David Cameron was speaking in the wake of riots and looting that hit several British cities and left 111 police injured on August 6-10, Scotland Yard said.
"It is the government's responsibility to make sure that every future contingency is looked at, including whether there are tasks that the army could undertake that might free up more police for the front line," Cameron told an emergency parliamentary session.
The unrest was organized by young people using telecom gadgets and social networks such as Facebook and Twitter. Many rioters wore hoods and balaclavas.
Cameron said police could be given powers to demand people remove face coverings, and that the government will compensate people whose houses or businesses were damaged in the riots.

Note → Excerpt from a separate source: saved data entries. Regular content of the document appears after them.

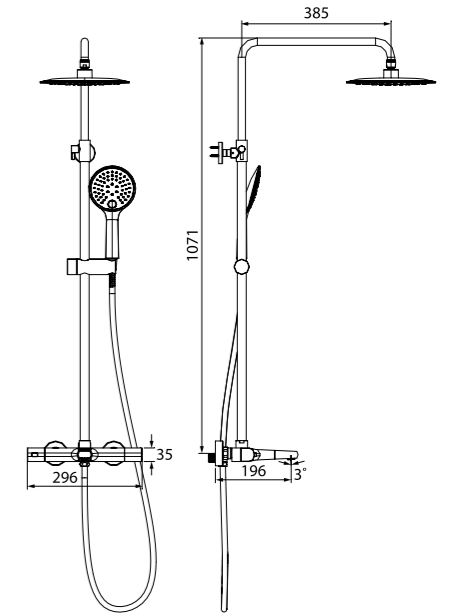

НОВИНКА

- В комплекте: душевой шланг из ПВХ в оплетке из нержавеющей стали, лейка (1 режим: Rain), эксцентрики и отражатели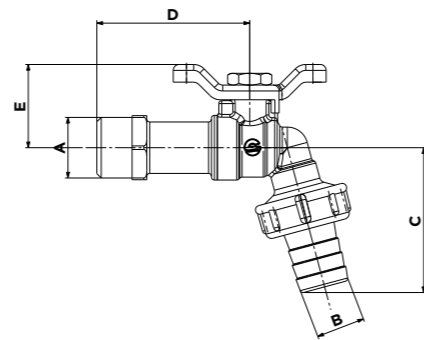

ROBINETS DE JARDIN GARDEN TAPS

ROBINET DE JARDIN
GARDEN TAP WITH NOZZLE

Code article	A	B	C	D	E
0154A03	1/2"	15	50	50	30
0155A03	3/4"	19	50	60	30

ROBINET DE PUISAGE
GARDEN TAP

Code article	A	B	C	D	E
01BVA03	1/2"	12	24	52	28
0153A03	3/4"	15	24	58	28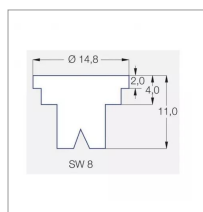

Caractéristiques	
Matière	Plastique
Modèle	ST
Couleur	Bleu
Pression maxi (bar)	5 bar
Angle (°)	110 °
Utilisation	Grande Culture
Application	Herbicides/Insecticides/Fongicides/Engrais
Type de buse	Pinceau
Méplat (mm)	8 mm
Code couleur	ISO 03
Pression mini (bar)	2 bar
Homologation Z.N.T	Non
Types de produits	BUSE LECHLER ST
Quantité dans conditionnement de vente	1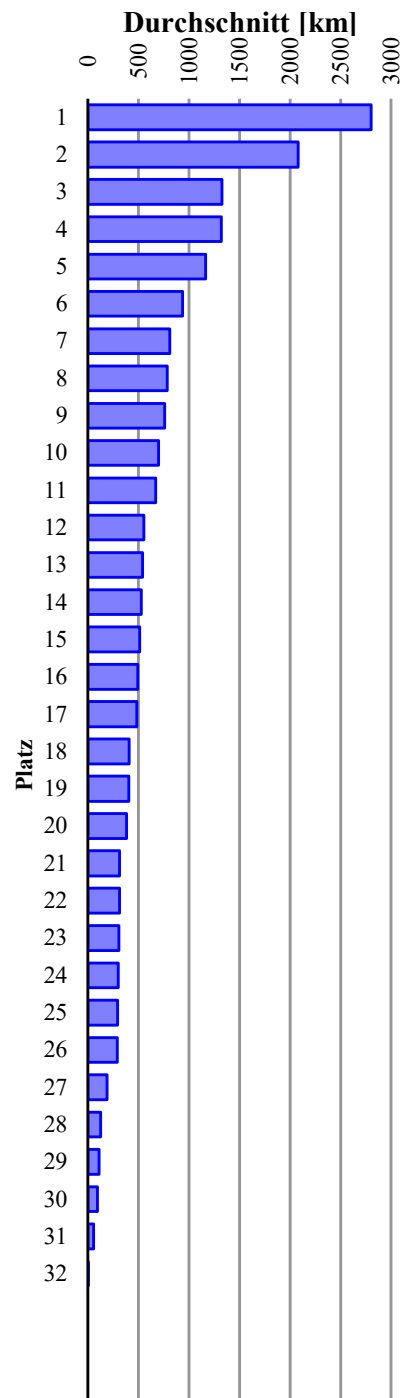

Landes-Kanu-Verband Berlin

Vereinswettbewerb „Blaues Band“ 2023/2024

Stand 28. 11. 2024

Plz.	Verein	Durchschnitt [km]
1	Kanuclub Zugvogel Berlin	2801,6
2	Wannseer Kanu-Club	2083,5
3	Wassersport-Club Kurmark	1326,2
4	Tegeler Kanu-Verein	1319,5
5	Kanu-Verein Falke	1164,9
6	Turngemeinde in Berlin (Oberspree)	937,0
7	Heiligenseer Kanu-Club	812,9
8	Wassersport-Club Klare Lanke	782,5
9	Paddel-Club Wiking	759,2
10	Kanu-Club Haselhorst	697,2
11	Kanu-Vereinigung Köpenick	668,7
12	Wassersport-Club Havel	553,5
13	Wassersportclub Rauchfangswerder	540,8
14	Wassersportclub Blau-Weiß Tegel	526,6
15	Wander-Paddler Havel	512,0
16	Einzelmitglieder im LKV Berlin	493,6
17	Eisenbahnsportverein Lok Berlin-Schöneweide	485,2
18	Paddelclub „Gut Naß“ Tegel	407,5
19	Wassersportgemeinschaft Heiligensee	404,8
20	Kajak-Club Albatros	381,7
21	Pro Sport Berlin 24	312,1
22	Köpenicker Kanusportclub	311,2
23	Kanuklub Charlottenburg	306,9
24	BSV Akademie der Wissenschaften	299,5
25	Versehrten-Wassersport-Gemeinschaft	293,4
26	Märkischer Kanuverein 53	289,2
27	Turngemeinde in Berlin (Haselhorst)	191,9
28	Blau-Gelb Köpenick	127,2
29	Havel-Möwen WSC	108,7
30	Sportclub Berlin-Grünau	95,7
31	Vereinigte Sportgemeinschaft Rahnsdorf	57,1
32	Berliner Kanu-Club Borussia	1,4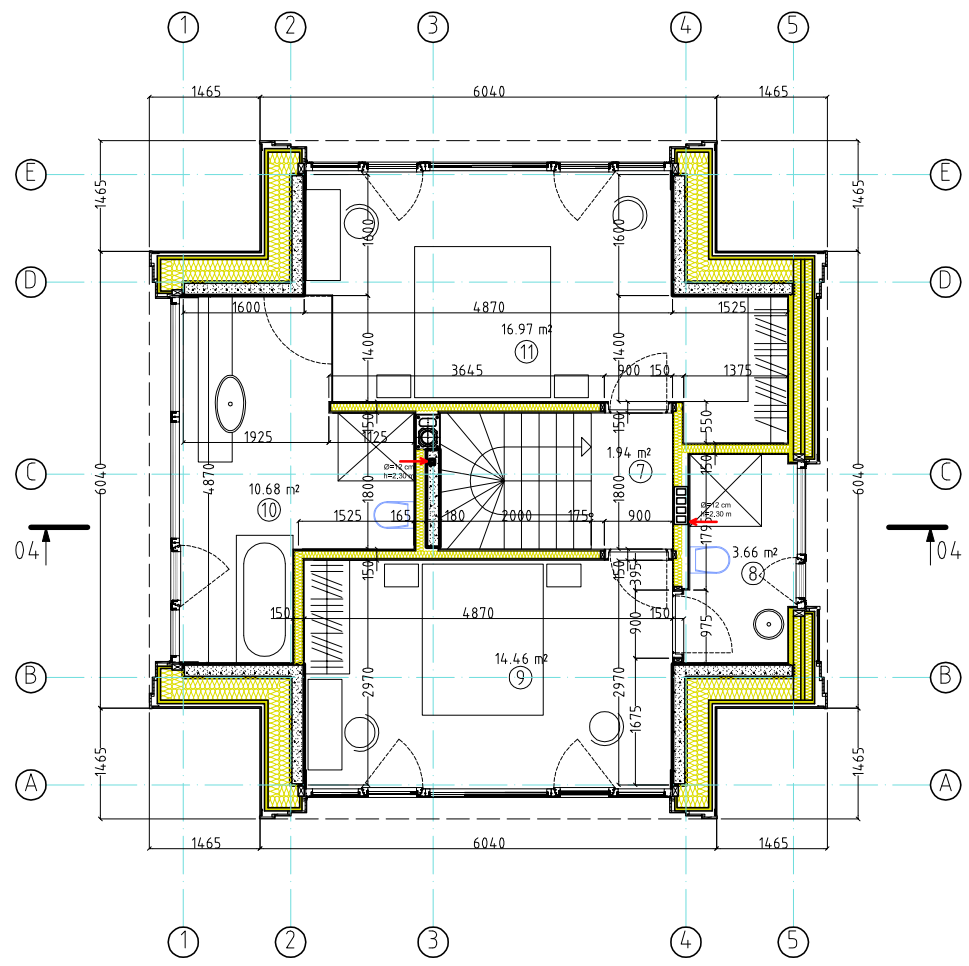

2 a. patalpų eksplikacija

Nr.	Pavadinimas	Plotas
7	Prieškambaris	1,94
8	Sanmazgas	3,66
9	Kambarys	14,46
10	Sanmazgas	10,68
11	Kambarys	16,97
Viso:		47,71

UAB VAKARU ARCHITEKTŪRA Minijos g. 42-3a., Klaipėda, www.vakaruarchitektura.lt tel. 867810636; email: info@vakaruarchitektura.lt					OBJEKTAS		POILSIO PASTATO, PALANGA, KLAIPĖDOS PL.37 STATYBOS PROJEKTAS				
					ATESTATO NR.		PAREIGOS		BRĖŽINYS		Laida
A 1272		PV ARCH.		A. KRIŠČIŪNAS		MANSARDOS PLANAS M 1:100		0			
TDP		STATYTOJAS		I Z		VA- 2021-601-TDP- SA-04		Lapas 1			
								Lapų 1

Cameron also said police might be allowed to interfere with Internet networks and other telecommunication devices if any suspicions arise.
“And when people are using social media for violence we need to stop them. So we are working with the police, the intelligence services and industry to look at whether it would be right to stop people communicating via these websites and services when we know they are plotting violence, disorder and criminality,” he said.

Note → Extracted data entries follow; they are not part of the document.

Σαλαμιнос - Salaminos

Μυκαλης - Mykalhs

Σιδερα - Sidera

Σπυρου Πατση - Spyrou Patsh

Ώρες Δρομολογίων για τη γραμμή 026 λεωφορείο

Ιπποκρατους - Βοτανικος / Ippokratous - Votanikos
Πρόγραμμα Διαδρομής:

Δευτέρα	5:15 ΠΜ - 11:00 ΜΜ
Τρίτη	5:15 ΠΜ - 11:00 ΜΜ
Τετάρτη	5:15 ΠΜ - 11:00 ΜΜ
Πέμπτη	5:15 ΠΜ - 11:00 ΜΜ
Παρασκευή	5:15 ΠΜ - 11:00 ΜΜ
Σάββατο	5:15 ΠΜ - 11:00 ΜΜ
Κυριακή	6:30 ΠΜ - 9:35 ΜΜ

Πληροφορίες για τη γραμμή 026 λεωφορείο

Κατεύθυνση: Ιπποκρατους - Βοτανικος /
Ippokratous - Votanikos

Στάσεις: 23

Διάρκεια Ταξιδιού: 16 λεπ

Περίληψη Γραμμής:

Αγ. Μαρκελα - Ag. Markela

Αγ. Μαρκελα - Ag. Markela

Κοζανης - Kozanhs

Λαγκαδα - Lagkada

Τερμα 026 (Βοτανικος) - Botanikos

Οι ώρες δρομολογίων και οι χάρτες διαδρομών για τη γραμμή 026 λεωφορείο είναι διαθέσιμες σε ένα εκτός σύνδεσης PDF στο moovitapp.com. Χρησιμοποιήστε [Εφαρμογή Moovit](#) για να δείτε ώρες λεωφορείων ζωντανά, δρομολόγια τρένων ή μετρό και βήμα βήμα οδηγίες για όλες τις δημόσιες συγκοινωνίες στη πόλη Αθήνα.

Over 1,300 people have been arrested since the unrest began on Saturday.
The prime minister said the police force would be maintained at 16,000 officers on London streets through the weekend.
Cameron said on Wednesday every action would be taken to restore order, with contingency plans for water cannon to be available at 24 hours' notice.

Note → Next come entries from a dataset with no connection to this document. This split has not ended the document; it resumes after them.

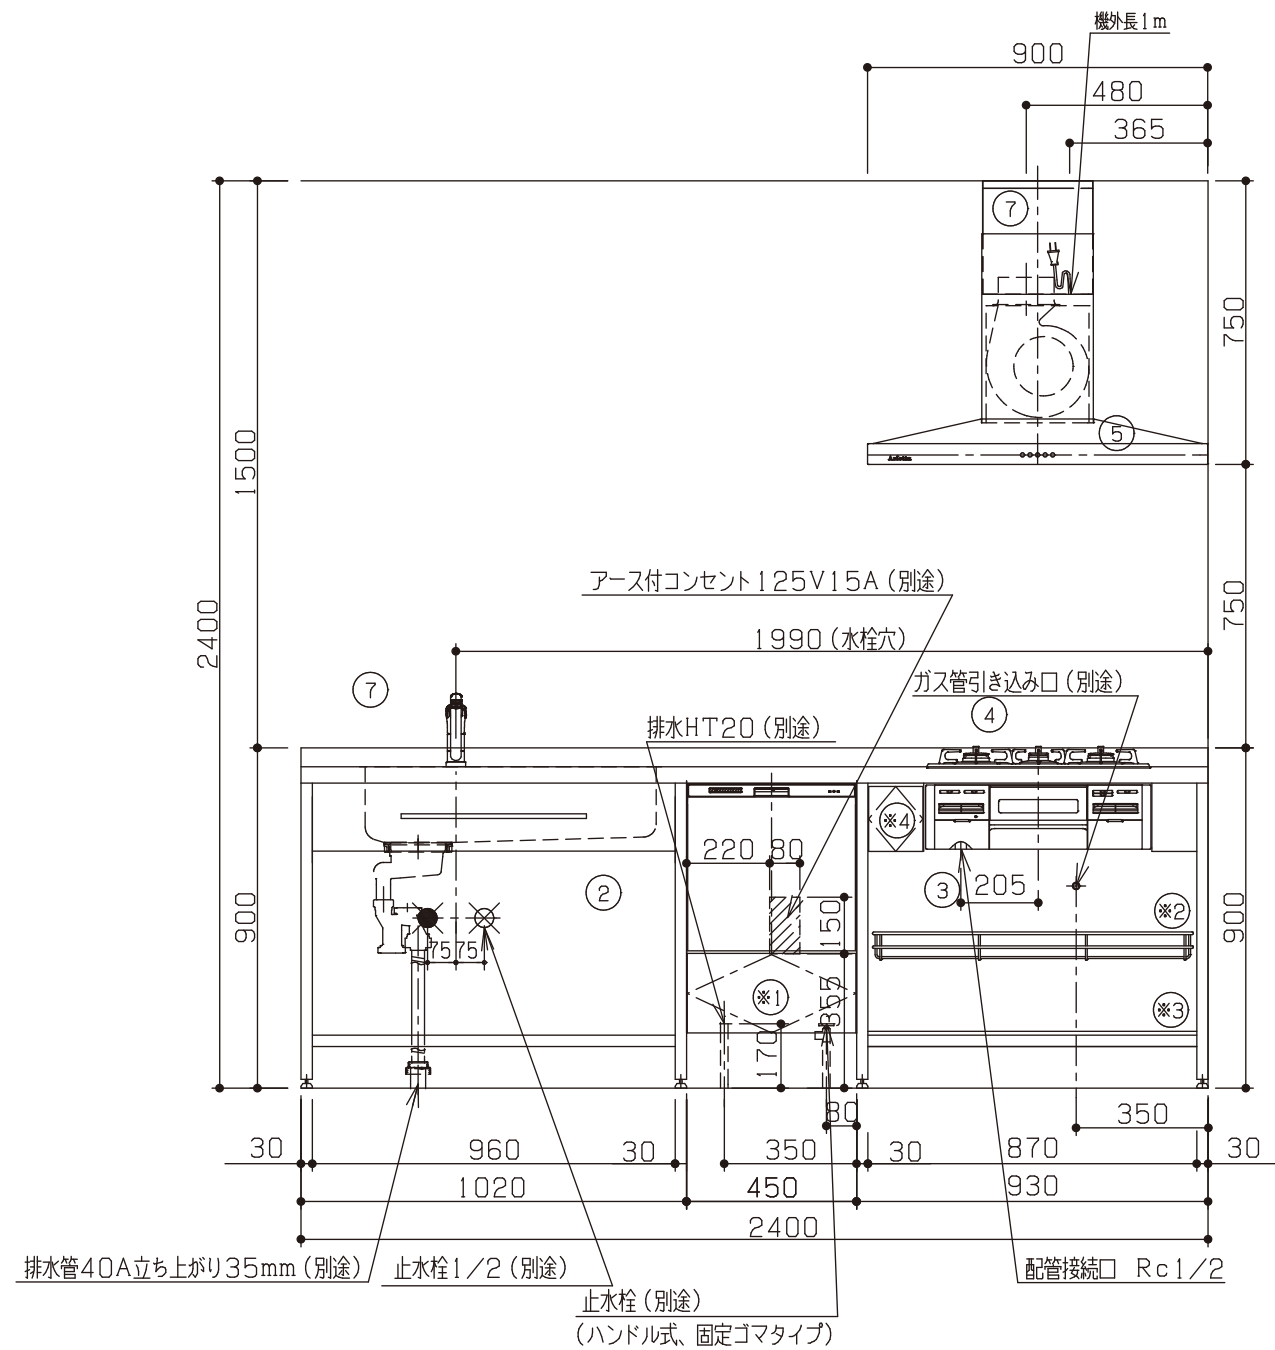

No	名称	品番	数量	仕様
1	フラット&フラット天板 ヘアライン		1	
2	シンク用フレーム		1	タオルバー付き
3	ガス用フレーム		1	
4	両面焼/グリル付/3口ガスコンロ		1	リンナイ製
5	ステンレスレンジフード壁付けタイプ		1	アリアフィーナ製
6	BET-901用ダクトカバー		1	アリアフィーナ製 H700~900用
7	水栓		1	KVK製
8	施工キット/I型用		1	

※印は、オプションパーツの取付位置を示す。(オプションパーツは別途購入下さい。)

※1	引出しユニット/食洗機用		1	引出し固定金具も必要
	引出し固定金具		1	
	食器洗い乾燥機/シルバー		1	
	食洗機用面材		1	
※2	コンロ下ワイヤー棚		1	
※3	コンロ下ステンレス棚		1	
※4	小引出し		1	引出し固定金具も必要
	引出し固定金具		1	

※食洗機は特定保守製品になります。

London police have refrained from using any riot control weapons or firearms against rioters in the past four days. However, an emergency COBRA meeting resolved that harsher measures are needed to curb the rioting.
Violence began in the British capital's northern district of Tottenham on Saturday over the fatal shooting of a young man by police. On Sunday and Monday, it spread to other areas in London and Birmingham.
Cameron denied, however, that the unrest was linked to the death of Duggan, saying it was “used by opportunistic thugs in gangs, first in Tottenham itself then across London and then in other cities.”
"Responsibility for crime always lies with criminals. These people were all volunteers. They didn't have to do what they did and must suffer the consequence,” Cameron said.
"This is not about poverty, this is about culture. A culture that glorifies violence and shows disrespect to authorities. A culture that says everything about rights and nothing about responsibility."